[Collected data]
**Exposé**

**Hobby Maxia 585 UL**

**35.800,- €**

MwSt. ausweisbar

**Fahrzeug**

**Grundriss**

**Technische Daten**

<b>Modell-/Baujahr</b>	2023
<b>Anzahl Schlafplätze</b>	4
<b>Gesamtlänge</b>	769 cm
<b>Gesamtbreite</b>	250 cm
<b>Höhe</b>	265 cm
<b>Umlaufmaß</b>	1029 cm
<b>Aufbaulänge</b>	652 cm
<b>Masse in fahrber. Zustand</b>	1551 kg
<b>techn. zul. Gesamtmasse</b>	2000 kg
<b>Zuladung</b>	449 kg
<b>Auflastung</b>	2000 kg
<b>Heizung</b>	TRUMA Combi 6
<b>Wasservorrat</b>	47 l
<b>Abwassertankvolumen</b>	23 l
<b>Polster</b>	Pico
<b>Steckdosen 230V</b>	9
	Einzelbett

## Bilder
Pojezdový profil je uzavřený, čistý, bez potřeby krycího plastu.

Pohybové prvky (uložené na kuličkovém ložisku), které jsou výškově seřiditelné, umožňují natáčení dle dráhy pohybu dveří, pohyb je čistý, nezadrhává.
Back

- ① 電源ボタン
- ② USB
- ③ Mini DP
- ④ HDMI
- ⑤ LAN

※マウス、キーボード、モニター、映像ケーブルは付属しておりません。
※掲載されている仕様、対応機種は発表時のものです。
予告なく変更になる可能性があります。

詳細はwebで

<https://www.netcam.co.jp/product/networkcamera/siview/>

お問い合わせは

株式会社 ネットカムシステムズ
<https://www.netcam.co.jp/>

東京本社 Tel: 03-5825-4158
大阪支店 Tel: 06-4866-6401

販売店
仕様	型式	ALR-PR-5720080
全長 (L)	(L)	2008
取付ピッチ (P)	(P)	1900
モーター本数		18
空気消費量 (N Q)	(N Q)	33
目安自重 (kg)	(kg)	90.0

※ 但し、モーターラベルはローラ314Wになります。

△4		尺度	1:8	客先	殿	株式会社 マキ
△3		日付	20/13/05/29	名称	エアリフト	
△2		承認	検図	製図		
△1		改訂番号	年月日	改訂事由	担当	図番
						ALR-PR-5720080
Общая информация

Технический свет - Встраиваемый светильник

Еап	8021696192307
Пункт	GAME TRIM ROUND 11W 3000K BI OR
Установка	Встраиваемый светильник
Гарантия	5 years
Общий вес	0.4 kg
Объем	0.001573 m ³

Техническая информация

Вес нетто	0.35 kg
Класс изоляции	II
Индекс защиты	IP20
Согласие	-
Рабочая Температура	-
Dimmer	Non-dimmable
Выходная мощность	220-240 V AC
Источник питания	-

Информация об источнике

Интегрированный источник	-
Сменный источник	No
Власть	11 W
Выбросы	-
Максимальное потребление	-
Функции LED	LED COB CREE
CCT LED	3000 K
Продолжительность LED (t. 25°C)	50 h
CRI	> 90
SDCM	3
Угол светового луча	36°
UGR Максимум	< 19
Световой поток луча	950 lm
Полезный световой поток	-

...

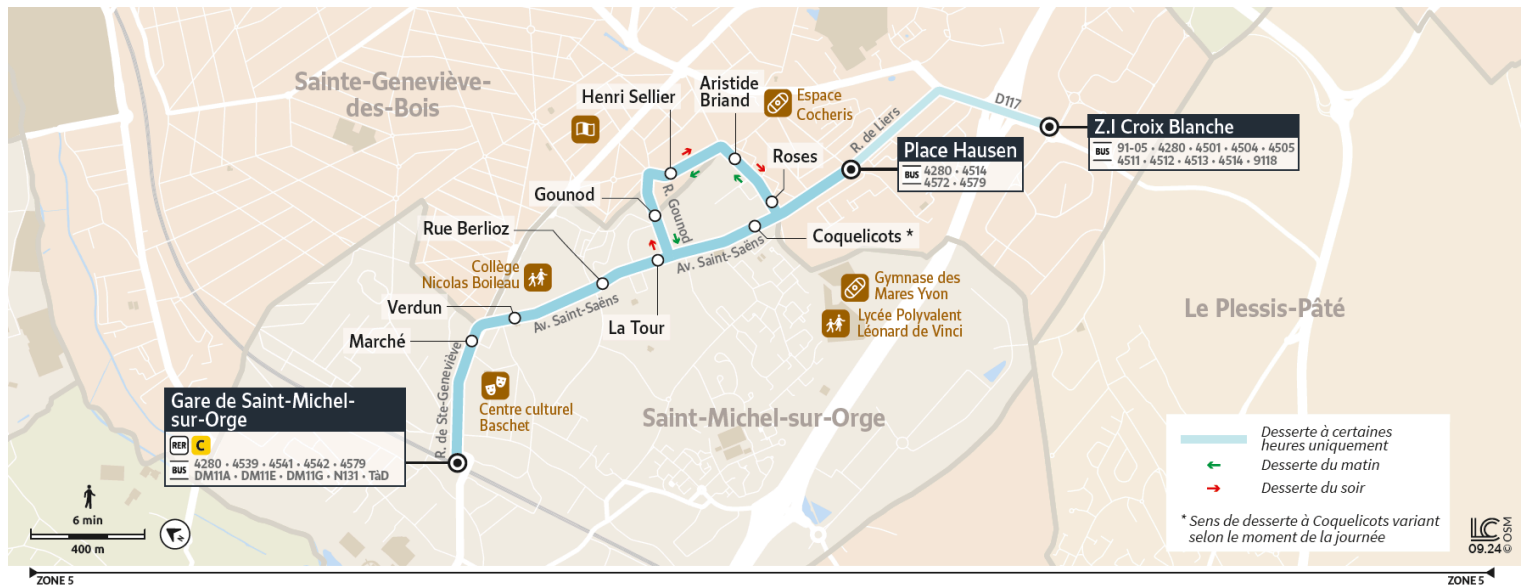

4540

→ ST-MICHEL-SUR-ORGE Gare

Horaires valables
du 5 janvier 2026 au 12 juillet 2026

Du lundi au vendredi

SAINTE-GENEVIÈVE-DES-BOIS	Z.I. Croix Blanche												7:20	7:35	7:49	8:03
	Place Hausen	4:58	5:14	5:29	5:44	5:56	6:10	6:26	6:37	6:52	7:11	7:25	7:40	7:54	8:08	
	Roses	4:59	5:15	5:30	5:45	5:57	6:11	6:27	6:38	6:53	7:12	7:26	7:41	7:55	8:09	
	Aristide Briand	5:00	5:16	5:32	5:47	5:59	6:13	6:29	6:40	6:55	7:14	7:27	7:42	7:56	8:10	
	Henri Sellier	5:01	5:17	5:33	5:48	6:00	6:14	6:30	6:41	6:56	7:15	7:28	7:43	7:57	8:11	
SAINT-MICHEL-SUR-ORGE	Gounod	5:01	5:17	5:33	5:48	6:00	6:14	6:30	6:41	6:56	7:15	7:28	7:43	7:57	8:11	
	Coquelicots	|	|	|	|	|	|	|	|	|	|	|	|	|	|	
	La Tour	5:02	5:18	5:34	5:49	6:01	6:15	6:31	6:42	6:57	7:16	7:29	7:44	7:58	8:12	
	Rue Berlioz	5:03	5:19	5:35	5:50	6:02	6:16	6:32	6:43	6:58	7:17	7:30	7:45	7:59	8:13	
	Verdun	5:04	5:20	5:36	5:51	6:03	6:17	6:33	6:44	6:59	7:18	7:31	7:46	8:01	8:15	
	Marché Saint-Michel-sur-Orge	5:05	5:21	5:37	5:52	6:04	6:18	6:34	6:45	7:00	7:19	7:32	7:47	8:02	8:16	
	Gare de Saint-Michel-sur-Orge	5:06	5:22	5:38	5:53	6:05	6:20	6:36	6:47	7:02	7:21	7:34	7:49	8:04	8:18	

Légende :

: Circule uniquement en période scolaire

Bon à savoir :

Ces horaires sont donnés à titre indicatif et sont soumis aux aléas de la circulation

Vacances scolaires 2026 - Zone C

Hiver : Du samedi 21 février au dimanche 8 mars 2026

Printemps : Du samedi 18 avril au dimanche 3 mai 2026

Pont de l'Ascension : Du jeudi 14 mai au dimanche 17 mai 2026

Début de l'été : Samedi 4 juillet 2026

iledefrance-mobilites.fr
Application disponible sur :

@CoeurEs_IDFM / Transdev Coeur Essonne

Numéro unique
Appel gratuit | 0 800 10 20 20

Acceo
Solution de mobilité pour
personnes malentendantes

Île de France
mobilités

| PROMPT |
The answer must be a single number: the count of lines in the data that include the word "https".

| OUTPUT FOR THIS TASK |
2